- **TASK TO COMPLETE**: Copy the lines from the start of the records below through the line containing "Carat Weight ..... 1.30 carat", both included, and leave out the pictures.

Stored dataset items:

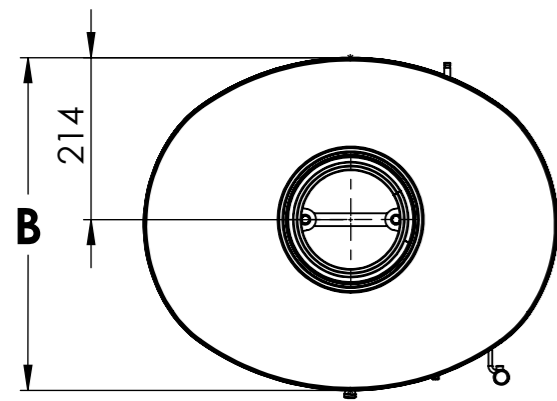

Serie	Scan-Line 800 series
Description	Scan-Line 850 Fixed Pedestal

Possibility of External fresh air from below

External fresh air from behind  
1515-0011 (Not included)

	<b>A</b>	<b>B</b>
Std. Top	1035	440
High Top	1066	445
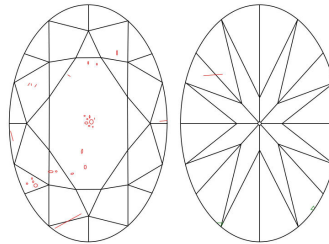

GIA NATURAL DIAMOND GRADING REPORT

August 08, 2023  
 GIA Report Number ..... 7471300531  
 Shape and Cutting Style ..... Oval Brilliant  
 Measurements ..... 8.47 x 6.08 x 3.88 mm

GRADING RESULTS

Carat Weight ..... 1.30 carat  
 Color Grade ..... L  
 Clarity Grade ..... SI1

PROPORTIONS

Profile not to actual proportions

CLARITY CHARACTERISTICS

KEY TO SYMBOLS\*

-  Feather
-  Crystal
-  Needle
-  Natural

\* Red symbols denote internal characteristics (inclusions). Green or black symbols denote external characteristics (blemishes). Diagram is an approximate representation of the diamond, and symbols shown indicate type, position, and approximate size of clarity characteristics. All clarity characteristics may not be shown. Details of finish are not shown.

- **SOLUTION FOR THIS TASK**:
Serie	Scan-Line 800 series
Description	Scan-Line 850 Fixed Pedestal

Possibility of External fresh air from below

External fresh air from behind  
1515-0011 (Not included)

	<b>A</b>	<b>B</b>
Std. Top	1035	440
High Top	1066	445

GIA NATURAL DIAMOND GRADING REPORT

August 08, 2023  
 GIA Report Number ..... 7471300531  
 Shape and Cutting Style ..... Oval Brilliant  
 Measurements ..... 8.47 x 6.08 x 3.88 mm

GRADING RESULTS

Carat Weight ..... 1.30 carat  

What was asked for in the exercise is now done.